Task prompt
As you look over the data below, please find each line where the word "Tray" appears, then copy it.

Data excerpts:
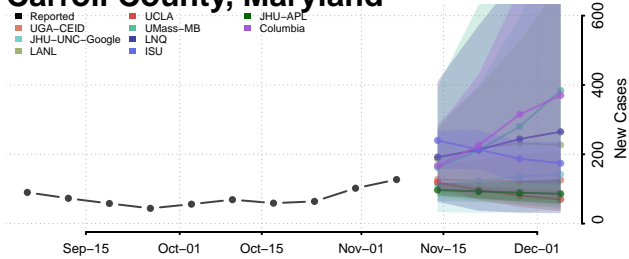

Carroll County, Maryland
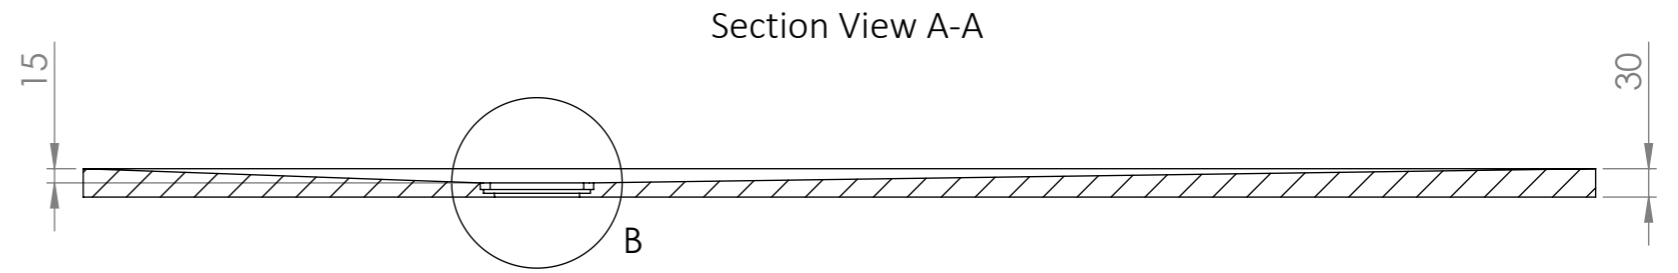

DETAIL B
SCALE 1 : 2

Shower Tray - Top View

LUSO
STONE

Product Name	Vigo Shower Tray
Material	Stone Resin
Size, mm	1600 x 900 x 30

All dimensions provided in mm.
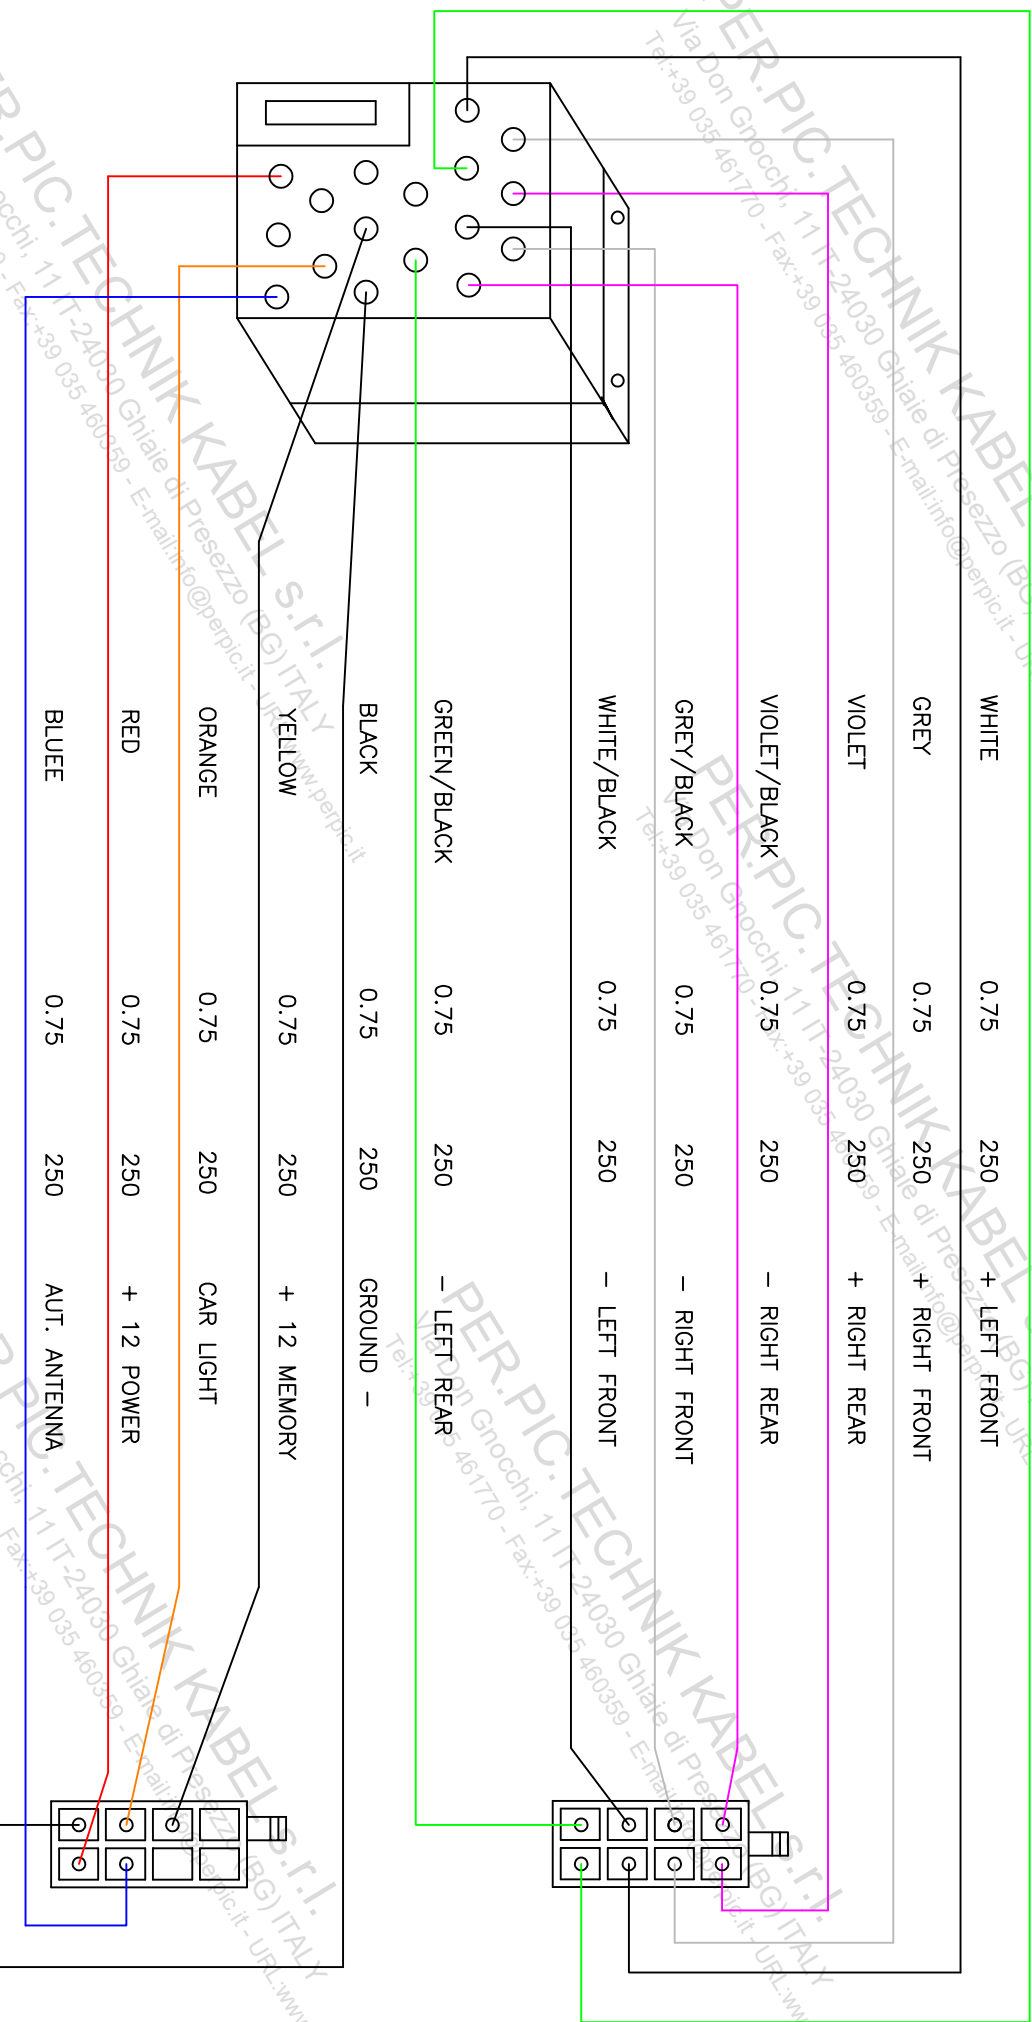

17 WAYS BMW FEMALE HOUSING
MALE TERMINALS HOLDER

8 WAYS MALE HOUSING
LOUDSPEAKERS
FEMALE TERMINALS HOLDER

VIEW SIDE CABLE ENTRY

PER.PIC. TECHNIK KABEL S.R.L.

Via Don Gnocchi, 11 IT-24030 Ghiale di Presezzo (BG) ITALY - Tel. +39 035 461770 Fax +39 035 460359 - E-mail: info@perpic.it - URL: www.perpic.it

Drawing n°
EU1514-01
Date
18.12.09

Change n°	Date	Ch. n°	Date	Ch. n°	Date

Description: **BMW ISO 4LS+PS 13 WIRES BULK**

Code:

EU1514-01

Solution below
Shower Tray - Top View
Product Name	Vigo Shower Tray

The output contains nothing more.